Your answer must be the exact lines below, starting with the line with "802.11n20-5745" and going on through the line with "- **4Q** 4Q Matt White", both included, with no pictures.

BEGIN

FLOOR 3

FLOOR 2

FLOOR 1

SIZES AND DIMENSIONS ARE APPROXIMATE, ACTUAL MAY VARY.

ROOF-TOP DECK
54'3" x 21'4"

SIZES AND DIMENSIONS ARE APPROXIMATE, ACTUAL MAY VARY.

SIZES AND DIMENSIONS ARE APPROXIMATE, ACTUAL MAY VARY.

END
BEGIN

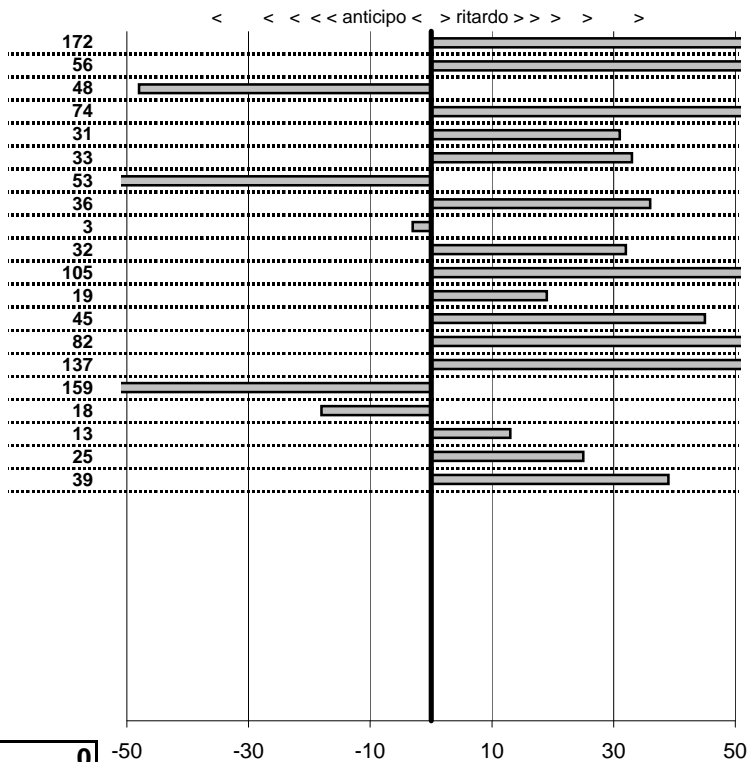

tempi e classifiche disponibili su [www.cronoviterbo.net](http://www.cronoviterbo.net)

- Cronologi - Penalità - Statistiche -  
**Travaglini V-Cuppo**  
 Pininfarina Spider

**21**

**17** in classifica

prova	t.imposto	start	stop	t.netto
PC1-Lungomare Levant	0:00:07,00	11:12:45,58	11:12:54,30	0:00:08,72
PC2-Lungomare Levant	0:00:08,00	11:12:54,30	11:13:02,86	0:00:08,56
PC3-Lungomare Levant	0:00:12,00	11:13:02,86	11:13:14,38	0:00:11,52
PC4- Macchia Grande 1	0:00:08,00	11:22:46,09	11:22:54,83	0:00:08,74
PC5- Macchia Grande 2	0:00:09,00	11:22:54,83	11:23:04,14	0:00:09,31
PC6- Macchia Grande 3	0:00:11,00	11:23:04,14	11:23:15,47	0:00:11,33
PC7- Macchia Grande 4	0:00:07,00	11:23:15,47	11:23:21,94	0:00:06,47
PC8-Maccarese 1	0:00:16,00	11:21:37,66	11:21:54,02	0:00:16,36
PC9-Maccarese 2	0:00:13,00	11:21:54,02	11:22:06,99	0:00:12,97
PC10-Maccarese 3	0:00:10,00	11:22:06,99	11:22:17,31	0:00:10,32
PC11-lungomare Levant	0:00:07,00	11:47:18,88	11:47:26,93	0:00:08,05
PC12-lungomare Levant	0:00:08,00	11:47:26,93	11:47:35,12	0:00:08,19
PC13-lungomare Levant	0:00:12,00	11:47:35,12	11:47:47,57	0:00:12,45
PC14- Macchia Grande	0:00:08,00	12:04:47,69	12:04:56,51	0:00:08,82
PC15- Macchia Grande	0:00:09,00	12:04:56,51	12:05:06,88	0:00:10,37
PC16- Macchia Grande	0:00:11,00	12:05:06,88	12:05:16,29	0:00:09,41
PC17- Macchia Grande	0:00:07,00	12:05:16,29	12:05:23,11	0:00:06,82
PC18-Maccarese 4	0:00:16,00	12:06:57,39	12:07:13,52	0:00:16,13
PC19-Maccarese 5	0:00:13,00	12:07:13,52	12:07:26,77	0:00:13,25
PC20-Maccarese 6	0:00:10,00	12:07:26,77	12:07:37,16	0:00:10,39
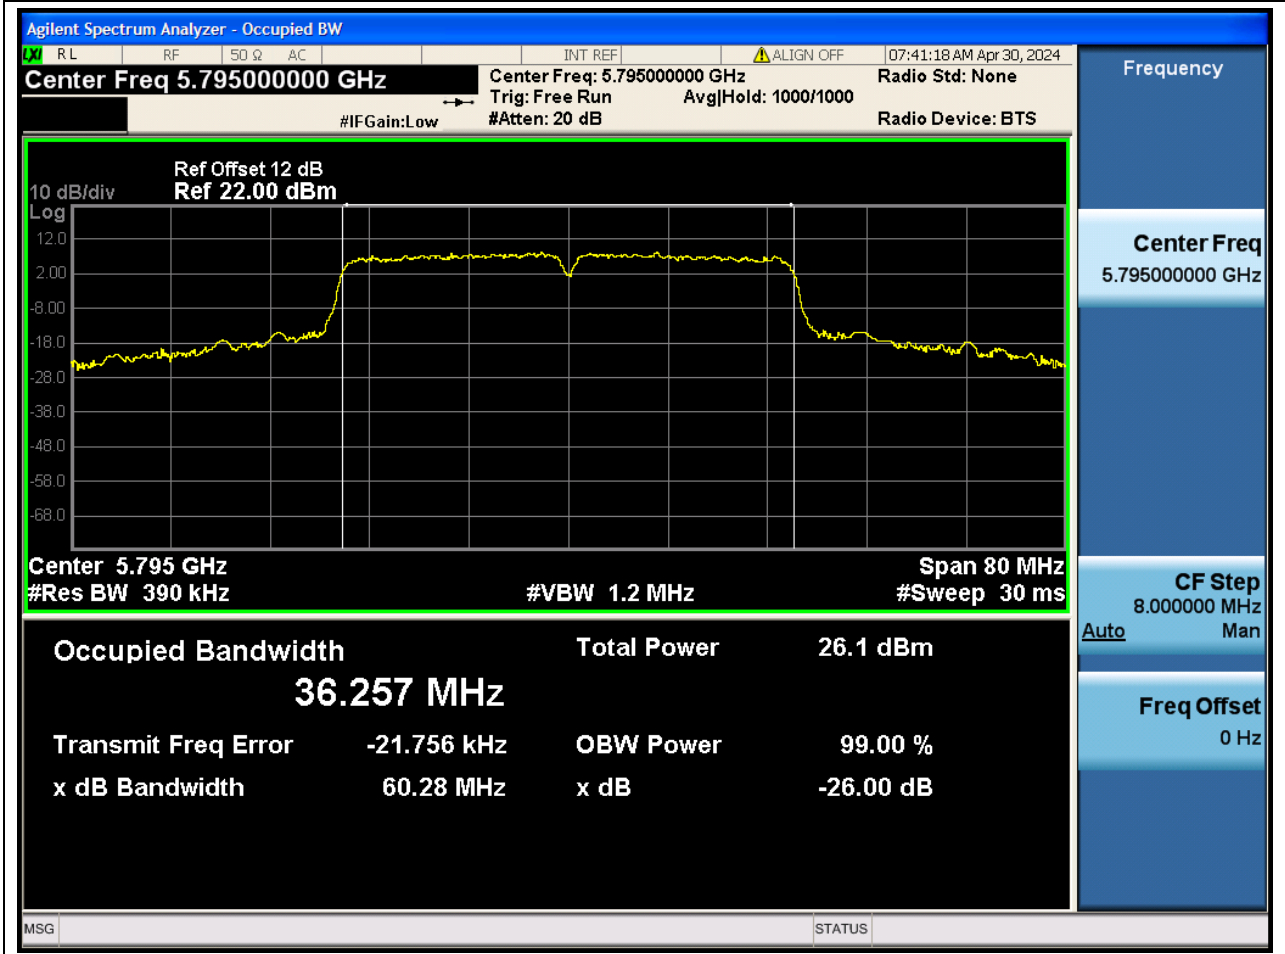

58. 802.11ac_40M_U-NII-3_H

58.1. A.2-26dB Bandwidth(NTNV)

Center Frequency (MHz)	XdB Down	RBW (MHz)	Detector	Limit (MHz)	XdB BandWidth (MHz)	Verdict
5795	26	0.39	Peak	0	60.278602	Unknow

END
BEGIN

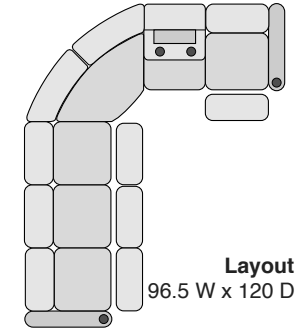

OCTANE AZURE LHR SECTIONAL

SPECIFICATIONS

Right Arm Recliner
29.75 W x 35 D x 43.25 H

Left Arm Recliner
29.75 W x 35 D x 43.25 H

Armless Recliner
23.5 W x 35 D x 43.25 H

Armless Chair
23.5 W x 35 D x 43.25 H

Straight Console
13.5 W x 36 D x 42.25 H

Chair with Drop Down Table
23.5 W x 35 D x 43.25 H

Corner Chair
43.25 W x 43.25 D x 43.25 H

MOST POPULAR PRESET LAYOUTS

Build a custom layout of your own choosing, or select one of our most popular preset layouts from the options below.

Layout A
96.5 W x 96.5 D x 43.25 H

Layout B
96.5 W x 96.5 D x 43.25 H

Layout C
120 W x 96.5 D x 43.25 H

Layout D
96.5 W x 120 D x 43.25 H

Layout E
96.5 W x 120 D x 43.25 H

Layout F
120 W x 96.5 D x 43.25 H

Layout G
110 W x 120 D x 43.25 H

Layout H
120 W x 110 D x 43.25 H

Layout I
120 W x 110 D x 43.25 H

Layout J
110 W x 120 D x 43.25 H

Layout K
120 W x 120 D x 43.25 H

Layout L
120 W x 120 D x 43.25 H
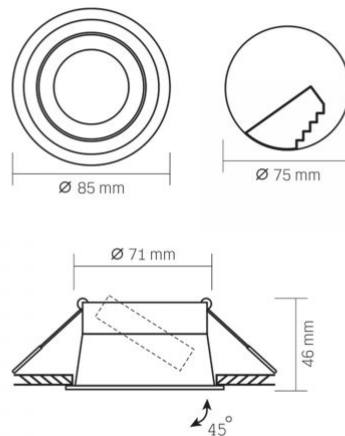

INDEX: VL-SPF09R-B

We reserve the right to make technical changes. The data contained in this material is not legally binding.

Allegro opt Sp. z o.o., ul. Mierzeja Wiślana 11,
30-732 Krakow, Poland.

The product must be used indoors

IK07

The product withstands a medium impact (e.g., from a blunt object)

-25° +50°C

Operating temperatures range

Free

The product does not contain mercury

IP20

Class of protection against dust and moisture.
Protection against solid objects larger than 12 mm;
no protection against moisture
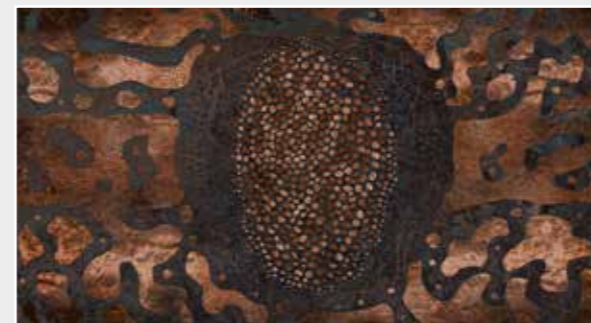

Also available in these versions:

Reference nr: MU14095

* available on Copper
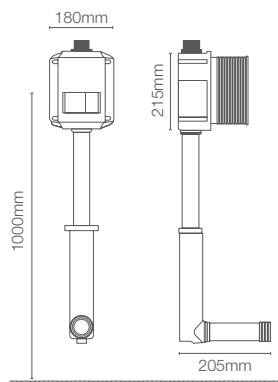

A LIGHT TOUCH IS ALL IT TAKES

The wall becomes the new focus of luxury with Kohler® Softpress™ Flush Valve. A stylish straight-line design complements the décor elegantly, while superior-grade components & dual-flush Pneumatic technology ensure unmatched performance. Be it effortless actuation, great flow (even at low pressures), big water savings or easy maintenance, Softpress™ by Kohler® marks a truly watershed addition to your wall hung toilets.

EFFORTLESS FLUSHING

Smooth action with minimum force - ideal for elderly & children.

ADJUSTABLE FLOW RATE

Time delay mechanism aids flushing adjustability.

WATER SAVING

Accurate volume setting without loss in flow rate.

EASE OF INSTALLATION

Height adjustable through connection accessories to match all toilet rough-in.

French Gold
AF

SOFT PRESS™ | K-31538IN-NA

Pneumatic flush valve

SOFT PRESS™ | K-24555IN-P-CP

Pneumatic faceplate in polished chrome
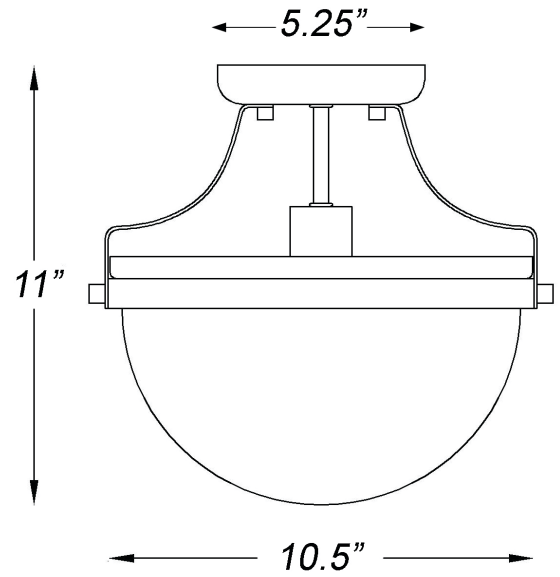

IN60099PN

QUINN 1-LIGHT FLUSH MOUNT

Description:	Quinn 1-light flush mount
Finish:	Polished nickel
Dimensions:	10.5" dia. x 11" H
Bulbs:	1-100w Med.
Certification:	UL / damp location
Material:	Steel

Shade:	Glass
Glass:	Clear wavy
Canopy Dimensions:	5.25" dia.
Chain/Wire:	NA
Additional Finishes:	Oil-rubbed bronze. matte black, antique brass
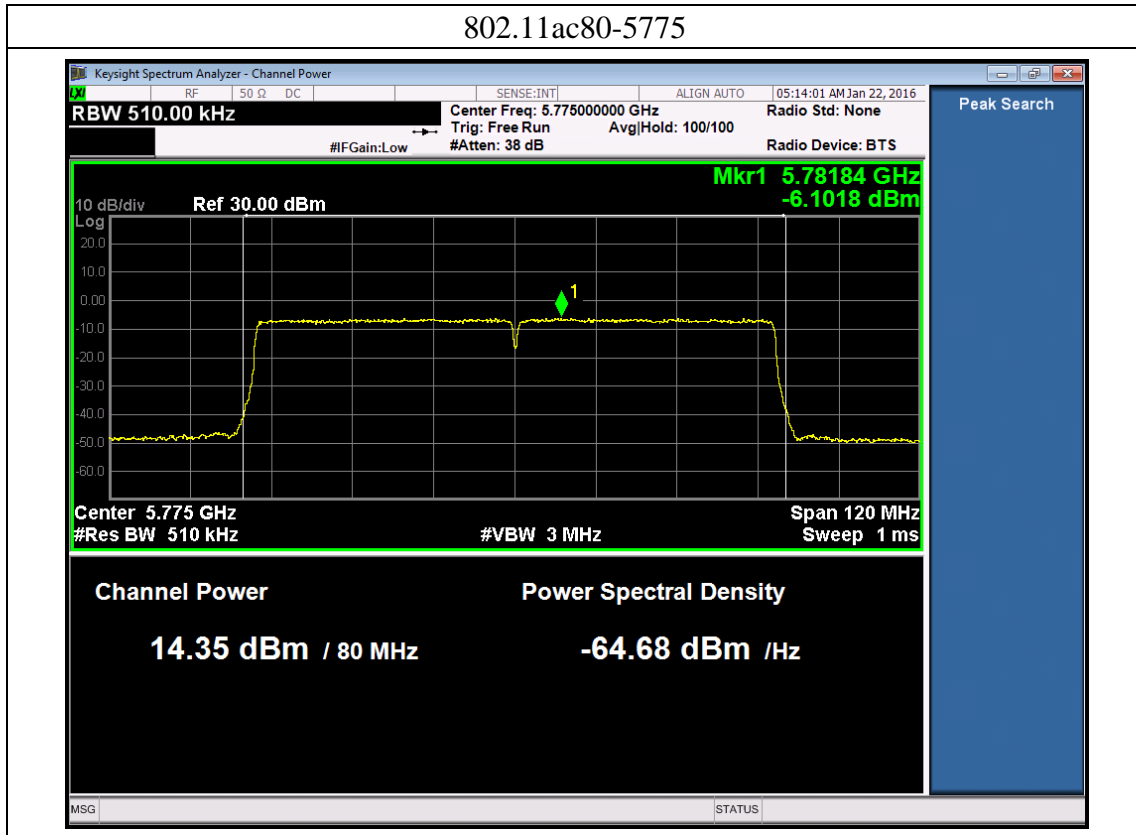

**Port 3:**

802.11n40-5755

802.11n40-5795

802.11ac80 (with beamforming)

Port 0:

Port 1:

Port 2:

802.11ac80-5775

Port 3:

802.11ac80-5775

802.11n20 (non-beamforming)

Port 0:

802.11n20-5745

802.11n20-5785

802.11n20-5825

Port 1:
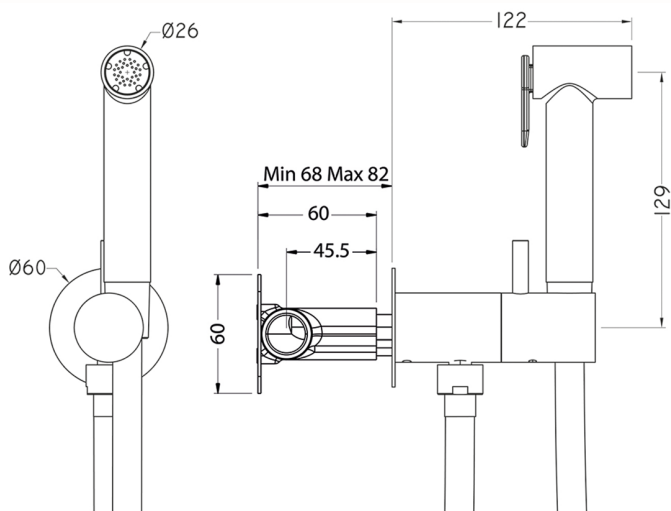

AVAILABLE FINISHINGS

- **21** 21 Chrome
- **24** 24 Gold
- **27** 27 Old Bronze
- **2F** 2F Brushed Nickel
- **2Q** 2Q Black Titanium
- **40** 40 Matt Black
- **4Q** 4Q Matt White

END

**OUTPUT:**
802.11n20-5745

802.11n20-5785

802.11n20-5825

Port 1:

AVAILABLE FINISHINGS

- **21** 21 Chrome
- **24** 24 Gold
- **27** 27 Old Bronze
- **2F** 2F Brushed Nickel
- **2Q** 2Q Black Titanium
- **40** 40 Matt Black
- **4Q** 4Q Matt White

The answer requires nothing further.